Sunday arrived and they began their return trip to Des Moines and Tama.  Before they left, Edgar Harlan received a telegram from Senator Frederic Larrabee inviting them to Sunday dinner at his home in Clermont. The invitation was accepted but it was raining and they had to put chains on the wheels of the automobiles. It took nearly five hours to travel 60 miles over muddy roads.  The home was built by the senator’s father, William, the 12th Governor of Iowa and was called Montauk.  Sadie Rae described it,

 “We were invited into the house, and taken upstairs to lay aside our wraps, and when I saw the inside of their home, I felt as though I had gone back a hundred years… Not that things appear out of date, but only that they were arranged in such good taste, and seemed to have a look of being used and appreciated.”

She continued her description of the grounds,

“..here the grounds themselves, that is the lawn, covers acres I believe and they have a wonderful pine grove which must be fifty acres in extent; then there is the orchard, the garden, the vineyard, the flower garden, the lawn, and the cultivated ground.  On the lawn are statues of the great men of Gov. Larabee’s day, friend of his, as well as wonderful big trees of an age I would not dare to guess.”

They left Montauk and traveled about 60 miles to Waterloo where some boarded trains and others continued by car to Marshalltown for an overnight at Evan’s Hotel.  The next day they arrived in Des Moines.  Sadie Rae wrapped up her final letter with this,

“And now this ends “the trip”.  The things which I have forgotten to relate can be told to you in person, but of this I am sure and will probably tell over and over:  Not if we were to search for a year could we find a more congenial crowd.  Not one, as far as I am concerned, should be left out.”

Sadie Rae Scott did not make another trip.
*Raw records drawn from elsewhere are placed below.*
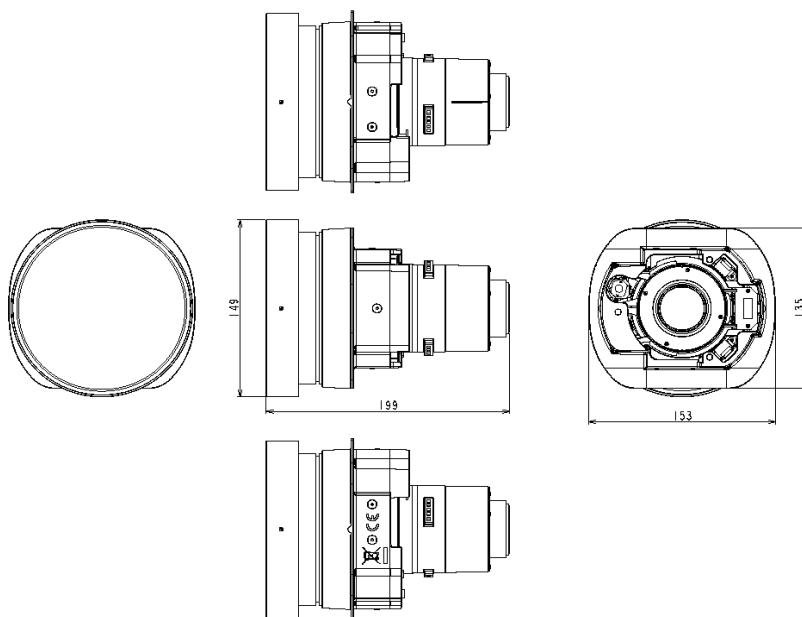

日立プロジェクター用オプション投写レンズ USL-901A 製品仕様

■ お知らせ

本書の内容は製品の仕様を含め、改良のため予告なく変更することがあります。
本書に掲載されている内容は2017年11月現在のものです。

■ 製品概要

本投写レンズは、電動ズーム、電動フォーカスを装備し、バヨネット式交換により簡単な交換が可能な、超短焦点ズームレンズです。

■ 製品仕様

型名		USL-901A		
適合機種		LP-WU9100BJ LP-WU9750BJ CP-WU9100WJ CP-WU9100BJ CP-WU9411J CP-WU9410J	CP-WX9211J CP-WX9210J	CP-X9111J CP-X9110J
	解像度	WUXGA	WXGA	XGA
ピクセル数		1920 x 1200	1280 x 800	1024 x 768
パネルアスペクト比		16:10	16:10	4:3
ズーム		電動ズーム		
フォーカス		電動フォーカス		
レンズシフト位置	上下	LP-WU9100BJ LP-WU9750BJ -22 ~ +50% 上記以外 0 ~ +50%	0 ~ +55%	0 ~ +50%
	左右	±10%		
F値		1.8~2.3		
焦点距離		11 ~ 14 mm		
ズーム比		1:1.3		
投写比		1:0.8 ~ 1.0		
投写範囲		50 ~ 600 型		
質量		1.9kg		

型名		USL-901A					
適合機種		LP-WU9100BJ LP-WU9750BJ CP-WU9100WJ CP-WU9100BJ CP-WU9411J CP-WU9410J	CP-WX9211J CP-WX9210J		CP-X9111J CP-X9110J		
	解像度	WUXGA	WXGA		XGA		
ピクセル数		1920 x 1200	1280 x 800		1024 x 768		
対角投写サイズ		パネルアスペクト比					
		16:10		16:10		4:3	
[型]	[m]	最小	最大	最小	最大	最小	最大
50	1.3	0.9	1.1	0.9	1.1	0.8	1.1
60	1.5	1.0	1.3	1.1	1.3	1.0	1.3
70	1.8	1.2	1.5	1.3	1.6	1.2	1.5
80	2.0	1.4	1.7	1.4	1.8	1.3	1.7
90	2.3	1.5	1.9	1.6	2.0	1.5	1.9
100	2.5	1.7	2.1	1.8	2.2	1.7	2.1
120	3.0	2.0	2.5	2.1	2.7	2.0	2.5
150	3.8	2.5	3.2	2.7	3.3	2.5	3.1
200	5.1	3.4	4.2	3.6	4.4	3.3	4.1
250	6.4	4.2	5.3	4.4	5.5	4.1	5.2
300	7.6	5.1	6.3	5.3	6.6	5.0	6.2
350	8.9	5.9	7.4	6.2	7.7	5.8	7.2
400	10.2	6.8	8.4	7.1	8.8	6.6	8.2
500	12.7	8.4	10.5	8.9	11.0	8.2	10.3
600	15.2	10.1	12.6	10.6	13.2	9.9	12.3

■ 外形寸法
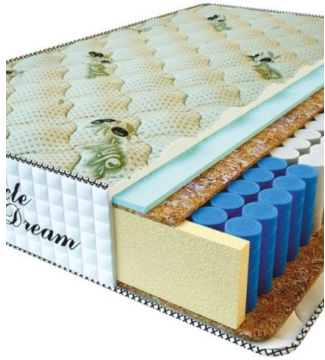

**MATPAC PREMIUM LUX  
(200 CM \* 90 CM \* 25 CM)**

Анатомический матрас  
Premium Lux

Цена: \$ 141

[Матрасы, Мебель, Мебель для  
спальни](#)

Height (cm) / Высота (см): 25  
Length (cm) / Длина (см): 200  
Width (cm) / Ширина (см): 90  
Weight (kg) / Вес (кг): 18

**MATPAC PREMIUM LUX  
(200 CM \* 180 CM \* 25  
CM)**

Анатомический матрас  
Premium Lux

Цена: \$ 281

[Матрасы, Мебель, Мебель для  
спальни](#)

Height (cm) / Высота (см): 25  
Length (cm) / Длина (см): 200  
Width (cm) / Ширина (см): 180  
Weight (kg) / Вес (кг): 36
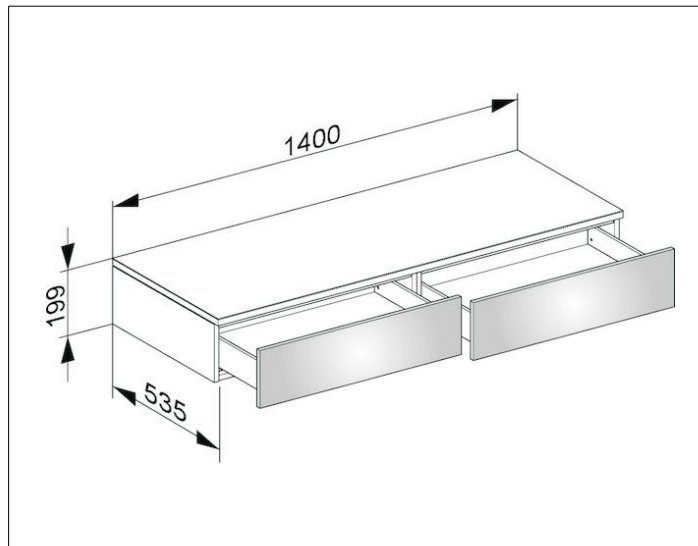

Edition 400

31764YY0000 Боковая тумба

ИЗДЕЛИЕ

ЧЕРТЕЖ

ОПИСАНИЕ ИЗДЕЛИЯ

подвесная
2 выдвижных фронтальных ящика с нажимным
открыванием Push-to-Open и доводчиком,
высота каждого выдвижного ящика 180 мм

ПОВЕРХНОСТЬ

11, 14, 15, 17, 18, 27, 28,30, 70, 71, 72, 73, 74, 75

ГАБАРИТЫ

1400 x 199 x 535 mm
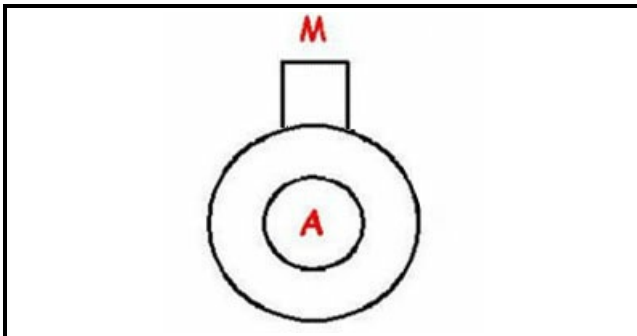

1203113

ASSIEME POMPA 220/50 ISOLATA

Data: 24-11-2024

ORIGINAL
OSP
SPARE PARTS

Dati tecnici

DIAMETRO ASPIRAZIONE mm	A=24mm
DIAMETRO MANDATA mm	M=24mm
KILOWATT KW	KW=0,03
MONOFASE	220V
HERTZ -HZ-	Hz=50

Codici produttore
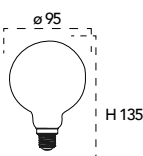

Lampada LED decorativa
7W 230V

Misure
dimensioni in mm

Attacco
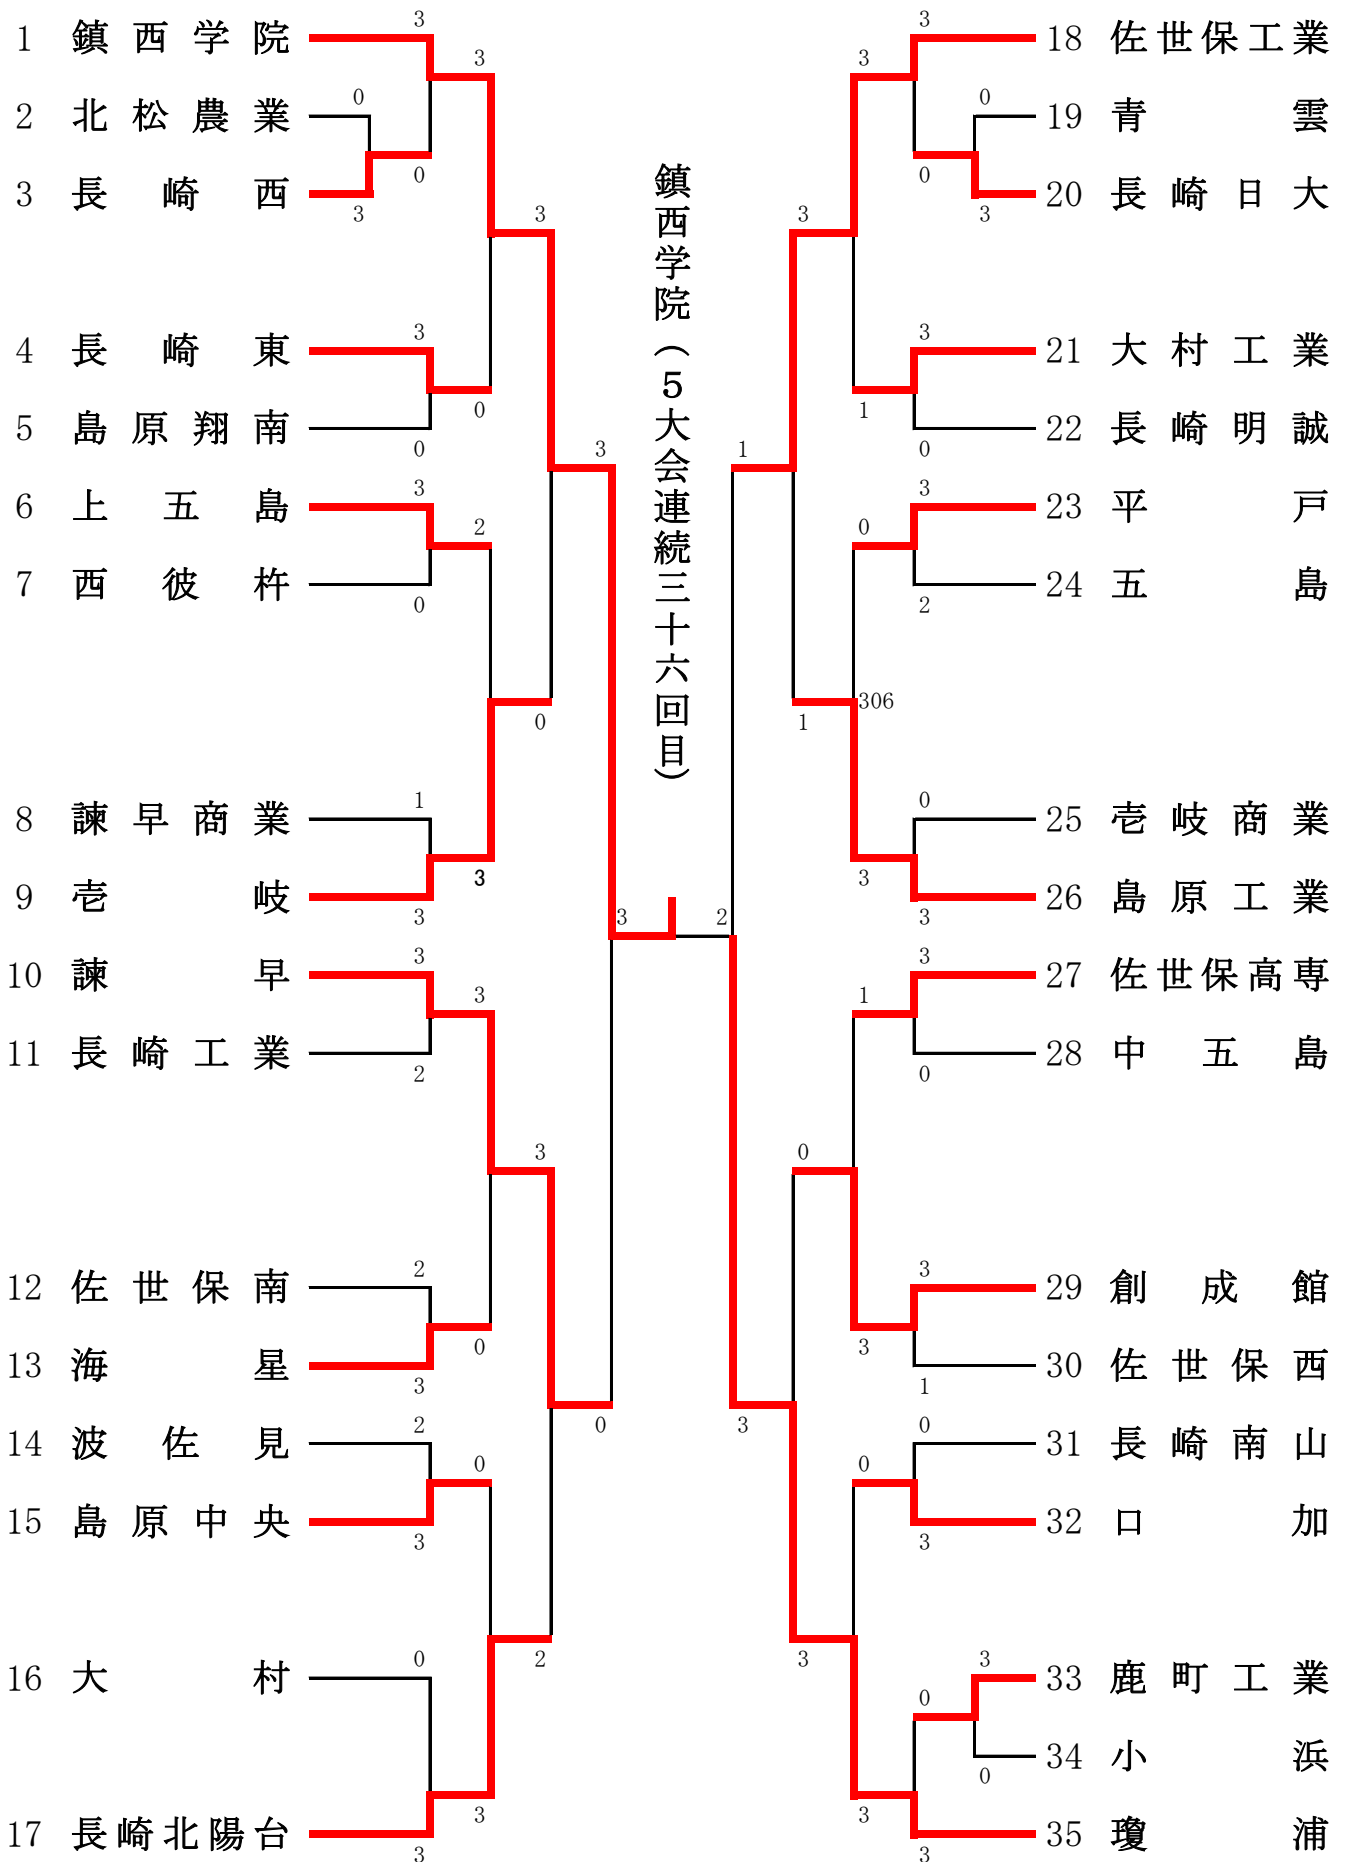

男子学校対抗

女子学校対抗

優勝	5大会連続三十六回目 鎮西学院	優勝	4年連続三十四回目 鎮西学院
準優勝	瓊浦	準優勝	長崎女子商業
ベスト4	諫早	ベスト4	長崎東
	佐世保工業		諫早商業
ベスト8	壱岐	ベスト8	長崎商業
	長崎北陽台		長崎北陽台
	島原工業		活水
	創成館		清峰

男子シングルス

女子シングルス

優勝	セオ 瀬尾 幸太郎 2年 鎮西学院	優勝	ノダ 野田 有那 3年 鎮西学院
準優勝	ハヤノ 早野 勇徠 2年 瓊浦	準優勝	フクダ 福田 咲幸 2年 長崎女子商業
ベスト4	シマダ 嶋田 光祐 3年 鎮西学院	ベスト4	マツバシ 松橋 愛桜 3年 鎮西学院
	ツチダ 土田 陸翔 3年 鎮西学院		ヤマグチ 山口 風音 3年 長崎女子商業
ベスト8	サコウ 酒匂 颯太 2年 瓊浦	ベスト8	マツモト 松本 優奈 1年 鎮西学院
	ヤマサキ 山崎 慎太郎 3年 瓊浦		坂本 葵 2年 鎮西学院
	オオクボ 大久保 岸真 2年 瓊浦		コダマ 児玉 彩音 1年 鎮西学院
	マツナガ 松永 朝陽 2年 長崎北陽台		カラカワ 唐川 綾弥乃 3年 諫早商業

男子ダブルス

優勝	サコウ 酒匂 颯太 2年	ハヤノ 早野 勇徠 2年	瓊浦
準優勝	セオ 瀬尾 幸太郎 2年	キタゾノ 北園 輝 2年	鎮西学院
ベスト4	ワン 王 博 3年	オオクボ 大久保 岸真 2年	瓊浦
	マサキ 真崎 脩馬 3年	ヤマサキ 山崎 慎太郎 3年	瓊浦
ベスト8	ヤマグチ 山口 湊 2年	イズミ 泉 弥真斗 2年	鎮西学院
	シマダ 嶋田 光祐 3年	テライ 寺井 悠大 3年	鎮西学院
	フカガワ 深川 真那斗 2年	ヤマネ 山根 知己 2年	諫早
	ナガシマ 永島 翔太 3年	ツチダ 土田 陸翔 3年	鎮西学院

女子ダブルス

優勝	マツバシ 松橋 愛桜 3年	ノダ 野田 有那 3年	鎮西学院
準優勝	カワラ 川原 美憂 3年	サカモト 坂本 葵 2年	鎮西学院
ベスト4	イデ 井手 心菜 3年	フクダ 福田 咲幸 2年	長崎女子商業
	タカミ 高見 柚風 2年	ナガノ 永野 夏望 2年	口加
ベスト8	ヤマグチ 山口 風音 3年	オオヤマ 大山 りみな 3年	長崎女子商業
	ヤマミチ 山道 留奈 3年	ナカノ 仲野 帆南 3年	活水
	ハヤシダ 林田 未夢 3年	カラカワ 唐川 綾弥乃 3年	諫早商業
	タウラ 田浦 リタ 3年	タノウエ 田上 直緒 1年	長崎東
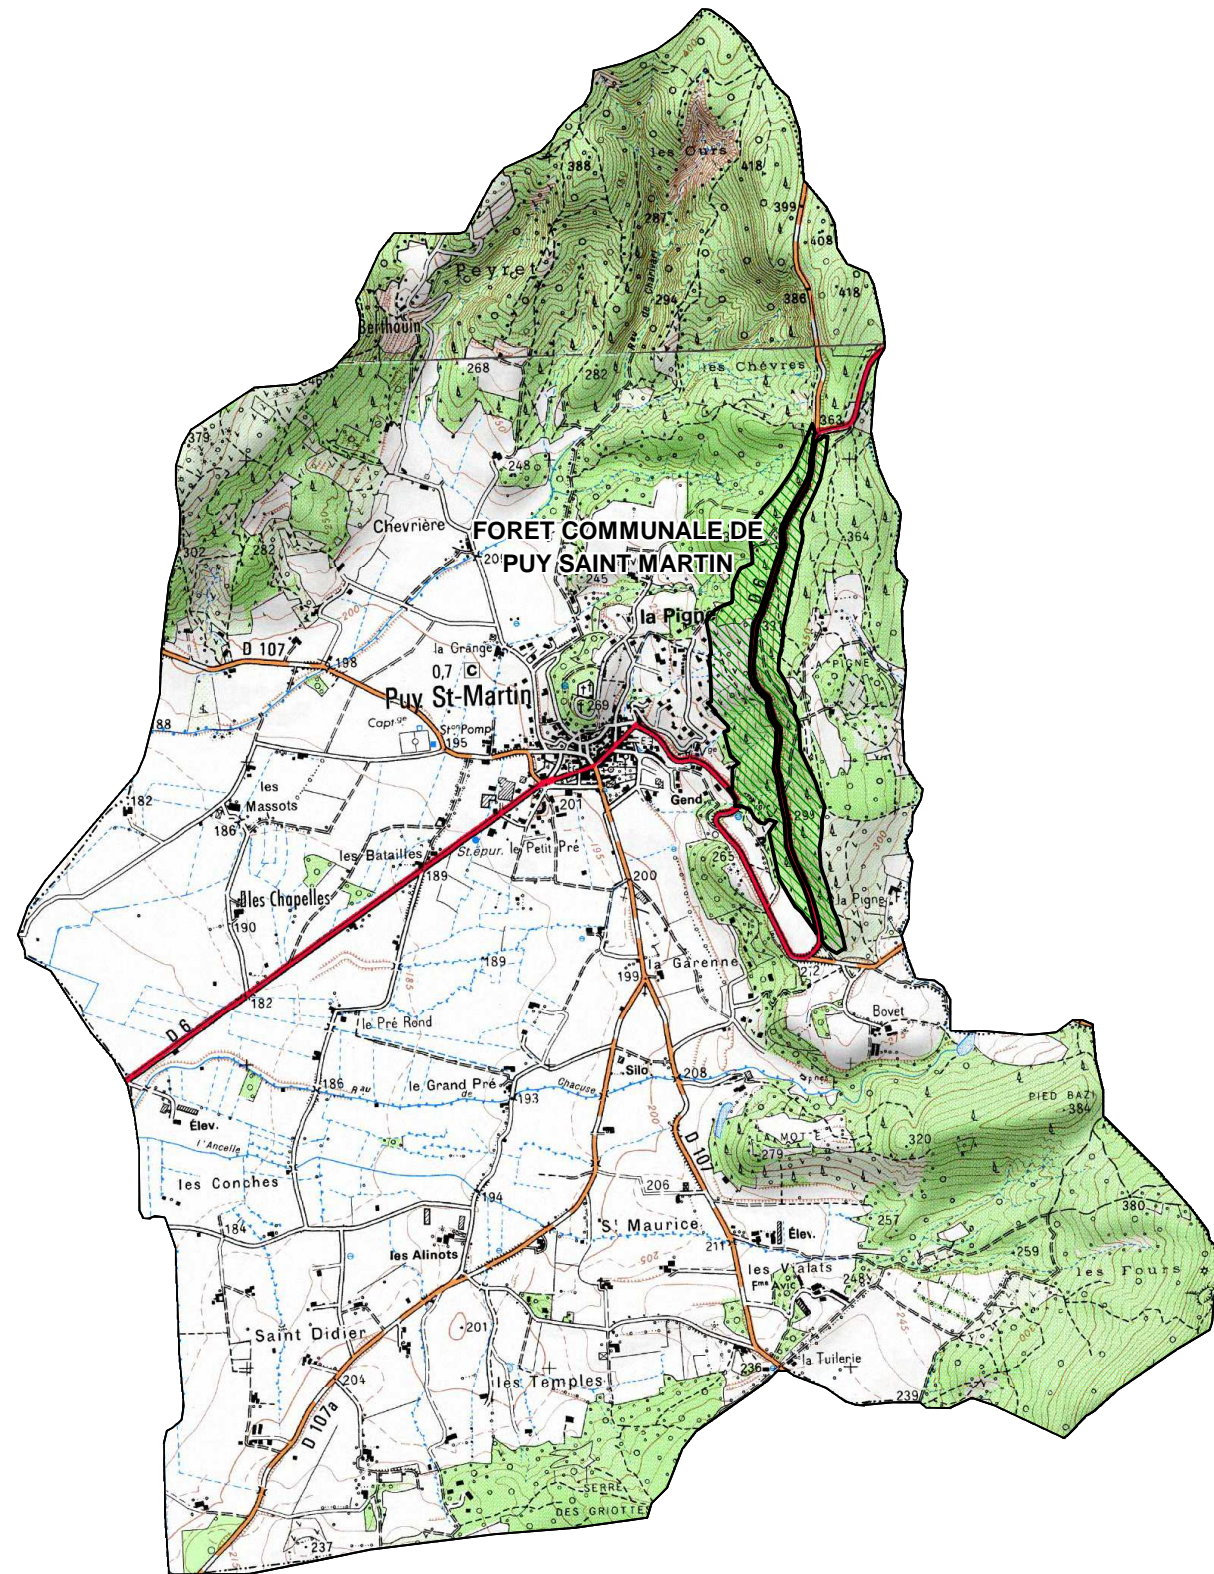

FORETS SOUMISES GESTION ONF

COMMUNE DE : PUY-SAINT-MARTIN

Echelle : 1cm=0,25 Km

Sources :
©IGN - Scan 25© mise à jour 2005,
©ONF - Agence Drôme-Ardèche
Réalisation : DDT de la Drôme - MOP - Novembre 2010

She contracted tuberculosis and died on June 12, 1920; less than a year after her great adventure. 

Iowa’s first state park, Backbone, was dedicated in 1920.  Among the places they visited, Maquoketa Caves became a state park in 1921 and Pike’s Peak was added in 1936.  Although the National Park Service declined designating an Upper Mississippi River National Park, Effigy Mounds was dedicated as a National Monument by Harry Truman in 1949. Governor William Larrabee’s home, Montauk, became a state historic site in 1976.  You can see it today much the same as Sadie Rae described it in 1919.